Of course, even if you’ve picked a journal with good turnaround, gotten the journal’s go-ahead, and submitted, there are parts of this process you can’t influence. In these cases, you can still try and move things along a bit faster.

Take this short course to learn more.

Speeding up the wait for publication

It’s possible that your manuscript can get “stuck” in the submission system or peer review. Communicate with editors if your article does experience a delay. This is well within your right.

how long to wait for journal response – Edanz Learning Lab

Studies show that sometimes authors do end up waiting for a very long time for their papers to appear in journals.
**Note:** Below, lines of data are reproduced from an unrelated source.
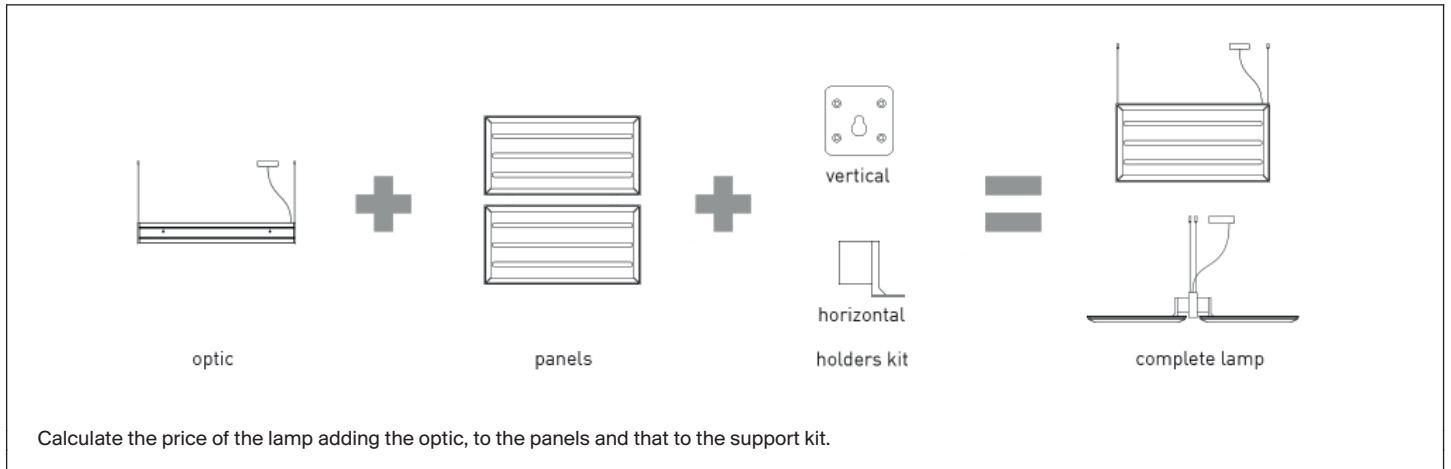

D76 CURL

sebastian bergne

Structure	Model Dimension cm	Item code	Finishes	Suggested light source	EEL	SEK ex V.A.T.
	D76N1 table dimmer on board l 21 h 26 CE  	1D760N100003	white	LED 8W 3000K CRI 80 <input type="checkbox"/>	A (*)	3.252
		1D760N100018	mirror			3.252
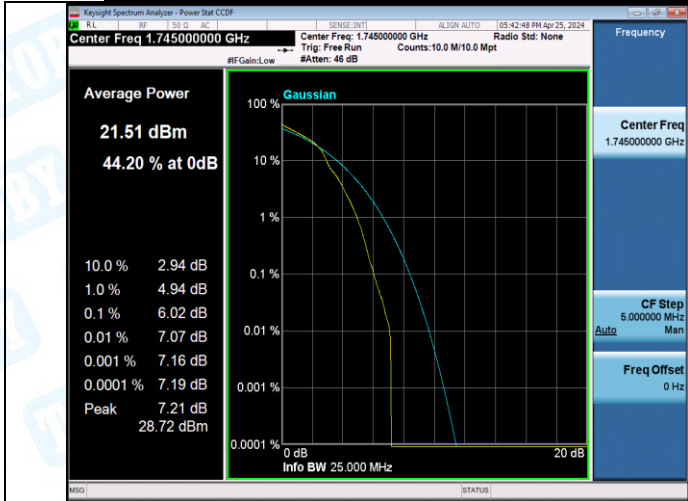

Band66-3MHz-16QAM-132657-1RB#0-PASS
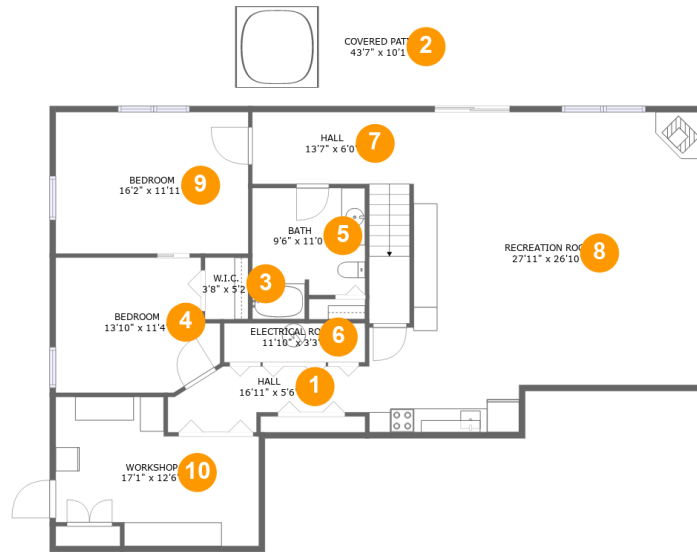

 **5,249** total sqft

2370 Kemp Ford Road, Union Hall, Franklin County, Virginia, United States, 24176

Room Dimensions

Floor 1

Total sqft: 2091

Living area: 1406

#	Room name	Dimensions	Area (sqft)	Counted as Living Area
1	Hall	16'11" x 5'6"	71 sq. ft	Yes
2	Covered Patio	43'7" x 10'1"	439 sq. ft	No
3	W.i.c.	3'8" x 5'2"	19 sq. ft	Yes
4	Bedroom	13'10" x 11'4"	143 sq. ft	Yes
5	Bath	9'6" x 11'0"	94 sq. ft	Yes
6	Electrical Room	11'10" x 3'3"	39 sq. ft	No
7	Hall	13'7" x 6'0"	122 sq. ft	Yes
8	Recreation Room	27'11" x 26'10"	622 sq. ft	Yes
9	Bedroom	16'2" x 11'11"	192 sq. ft	Yes
10	Workshop	17'1" x 12'6"	176 sq. ft	No

2370 Kemp Ford Road, Union Hall, Franklin County, Virginia, United States, 24176

Room Dimensions

Floor 2

Total sqft: 3158

Living area: 1721

#	Room name	Dimensions	Area (sqft)	Counted as Living Area
11	W.i.c.	5'1" x 5'3"	27 sq. ft	Yes
12	Foyer	7'4" x 8'4"	60 sq. ft	Yes
13	Bedroom	13'5" x 11'11"	160 sq. ft	Yes
14	Hall	19'0" x 11'11"	91 sq. ft	Yes
15	W.i.c.	5'1" x 6'0"	31 sq. ft	Yes
16	Porch	21'9" x 7'11"	158 sq. ft	No
17	Bath	8'3" x 4'11"	40 sq. ft	Yes
18	Pantry	6'0" x 4'11"	29 sq. ft	Yes
19	Kitchen	9'4" x 10'5"	99 sq. ft	Yes
20	Bath	12'6" x 9'8"	114 sq. ft	Yes
21	Dining Area	15'5" x 9'4"	144 sq. ft	Yes

In some cases up to several years.

Reasons include:

  • The editor is still looking for peer reviewers
  • Reviewers are being slow
  • No reviewers accepted the invite
  • The editor forgot or got sidetracked
  • Your submission got “lost in the system”

These are sad realities, but they’re unreasonable and they’re stalling your own progress.

It’s your career; don’t wait, communicate.

As a general rule, if you end up waiting 6 to 8 weeks and still no reply, it’s time to write a polite email to your editor and ask for a status update.

Checking in with your journal

When you write to see what’s taking so long, be polite and try to give something back to the editor.

A good tactic is to write and offer additional suggestions for possible peer reviewers. This is because editors having trouble finding suitable reviewers is a common cause for delay.

You can also preempt this by submitting reviewer suggestions when you submit your manuscript. PLOS ONE, wisely, requires selection of reviewers. This helps the journal manage the huge volume of submissions it receives.

Even if you’re feeling anxious or a bit angry, never show this in your contact with the journal. The same applies when you send a response letter to revision requests.

In the broader scope of publication speed, you can improve your whole approach to research so that you’re never relying on one study getting published. It’s less of an issue when you have many logs in the fire.

Collaborate broadly and widely with others

The most successful researchers use collaboration as a sort of “secret superpower” to boost their publication rate is to collaborate.

Collaborate, collaborate, collaborate

Reach out to other researchers, other institutions, and even to industry, around the world and talk about your work. Start with your research plan.

Share your plan and broaden your network

If you frequently and thoroughly discuss your experimental plans with your colleagues/supervisor before carrying out your experiments, you can chew through any issues there may be in the experimental design and/or someone can spot any weaknesses you may have overlooked.

If you do this for all your work, then the odds of having useless data or failed experiments should decrease.

–Vishal Gor, PhD, Edanz Author Guidance Consultant

Share your abstract, share your title. Tell people about what you’re working on and collaborations will come. Be prepared to share data. Give and take.

This is at the heart of open research. Beneficial for you and for greater science.

Collaboration was at the heart of producing COVID-19 vaccines at unprecedented speed.

Collaborate to increase your publication rate – Edanz Learning Lab

Collaboration may in fact be the best way to maximize you publication output. Studies have shown that the more people you work with, the more papers you’ll write and co-author.

This is strategic thinking, focused on the medium-to-long term, rather than short-term results. It’s like money in the bank, with interest.

I published more because I collaborated

Many of my publications owed to collaborations. I worked with lots of people and so when my papers appeared, they were cited by larger networks – rather than just my own network of connections.

More people learned about my work and so I collaborated more and more and published more and more papers.

Gareth Dyke, PhD, Edanz Author Education Manager

Final thoughts on how to increase your research publication rate

Maximizing research publication rate is a key goal for all researchers.

Know why you’re doing it, choose your research and journals smartly, and over the longer term, benefit from collaboration and openness.